_PROBLEM_:
An exact repetition of every entry, with no images, is the required answer.

********

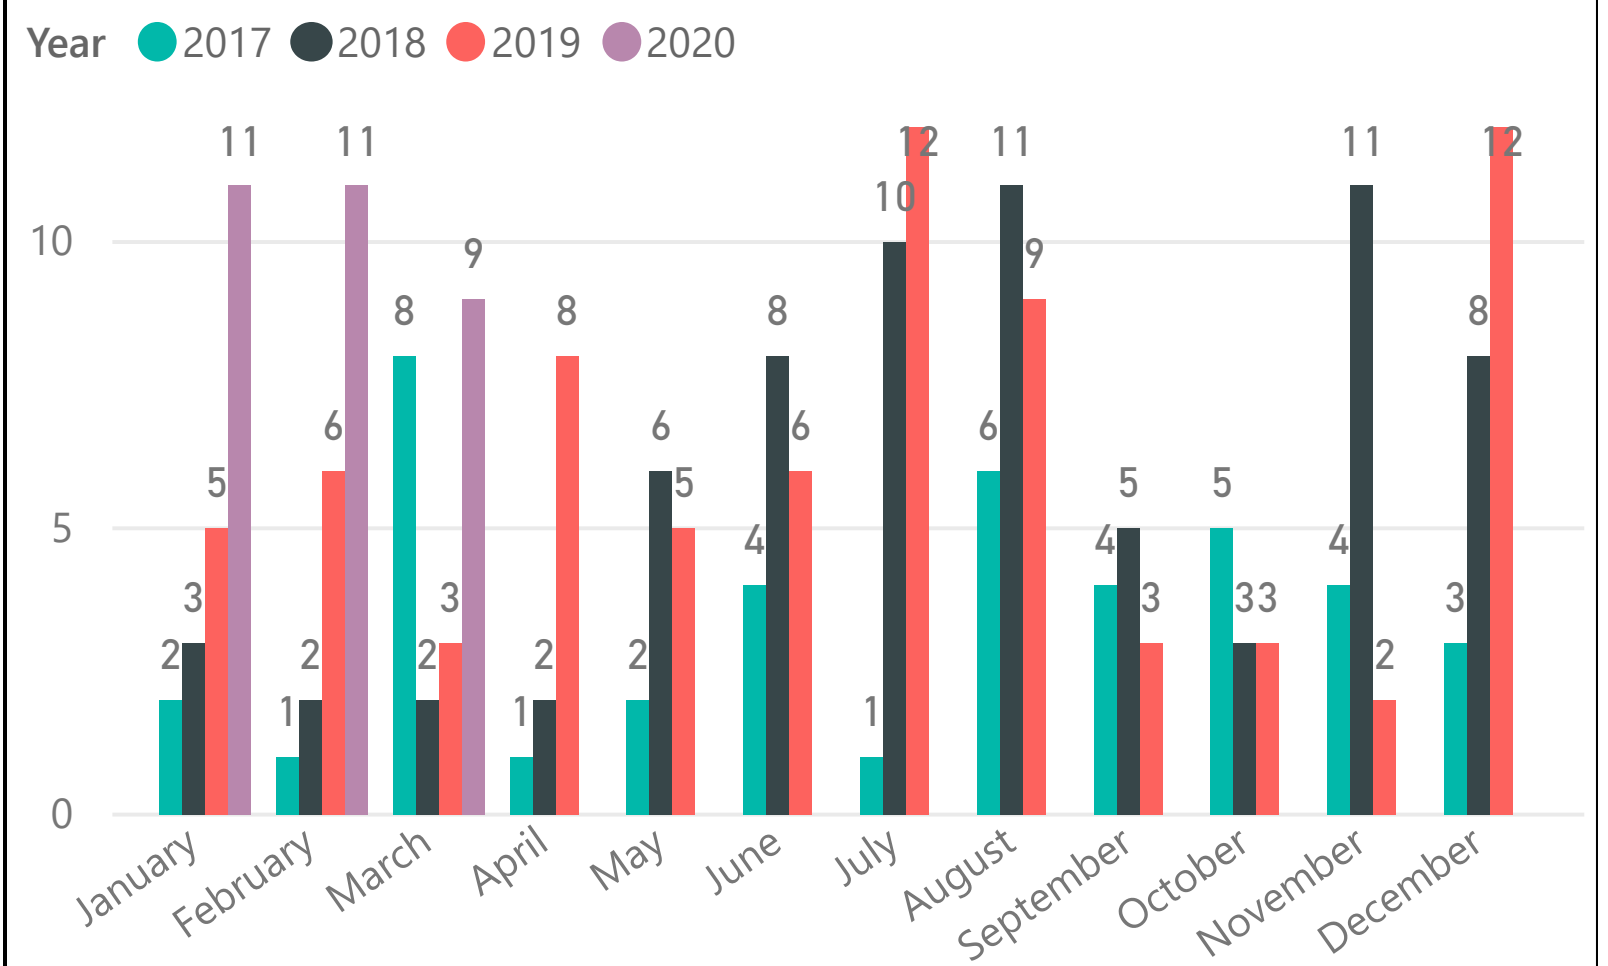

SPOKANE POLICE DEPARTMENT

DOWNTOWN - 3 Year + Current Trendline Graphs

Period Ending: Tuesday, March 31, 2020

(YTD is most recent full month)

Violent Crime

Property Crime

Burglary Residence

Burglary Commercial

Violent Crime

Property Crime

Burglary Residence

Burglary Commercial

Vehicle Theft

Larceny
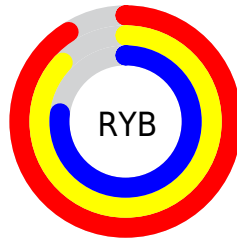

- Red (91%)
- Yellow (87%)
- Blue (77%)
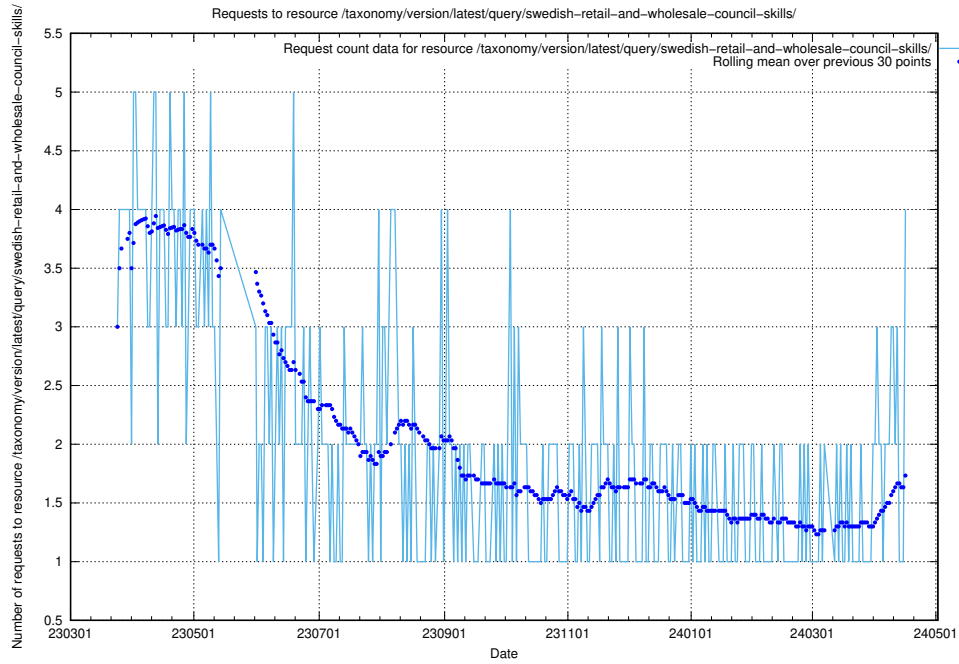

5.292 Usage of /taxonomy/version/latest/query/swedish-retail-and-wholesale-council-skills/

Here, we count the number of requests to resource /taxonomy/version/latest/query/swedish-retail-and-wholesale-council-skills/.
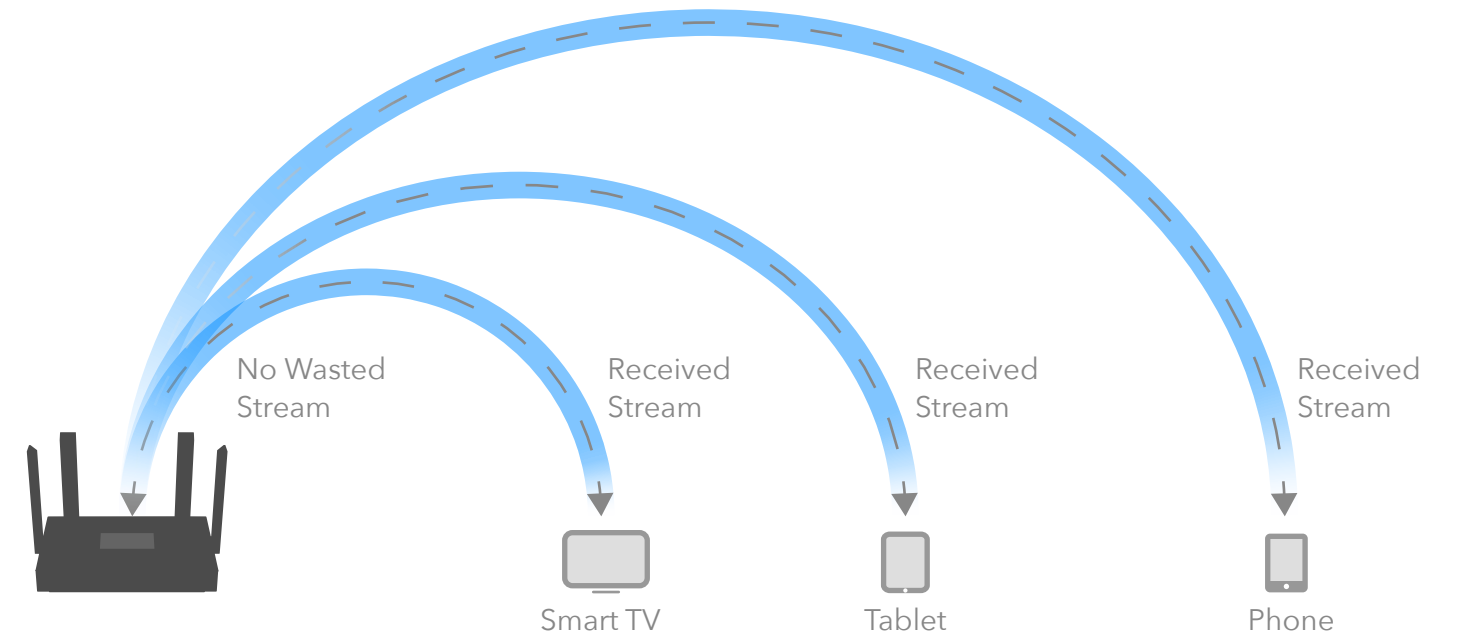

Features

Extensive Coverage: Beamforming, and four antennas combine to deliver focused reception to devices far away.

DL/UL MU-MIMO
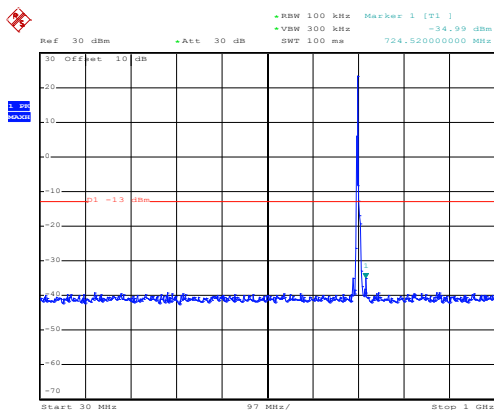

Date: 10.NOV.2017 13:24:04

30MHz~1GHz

********

_WORKED SOLUTION_:
SPOKANE POLICE DEPARTMENT

DOWNTOWN - 3 Year + Current Trendline Graphs

Period Ending: Tuesday, March 31, 2020

(YTD is most recent full month)

Violent Crime

Property Crime

Burglary Residence

Burglary Commercial

Violent Crime

Property Crime

Burglary Residence

Burglary Commercial

Vehicle Theft

Larceny

- Red (91%)
- Yellow (87%)
- Blue (77%)

5.292 Usage of /taxonomy/version/latest/query/swedish-retail-and-wholesale-council-skills/

Here, we count the number of requests to resource /taxonomy/version/latest/query/swedish-retail-and-wholesale-council-skills/.

Features

Extensive Coverage: Beamforming, and four antennas combine to deliver focused reception to devices far away.

DL/UL MU-MIMO

Date: 10.NOV.2017 13:24:04

30MHz~1GHz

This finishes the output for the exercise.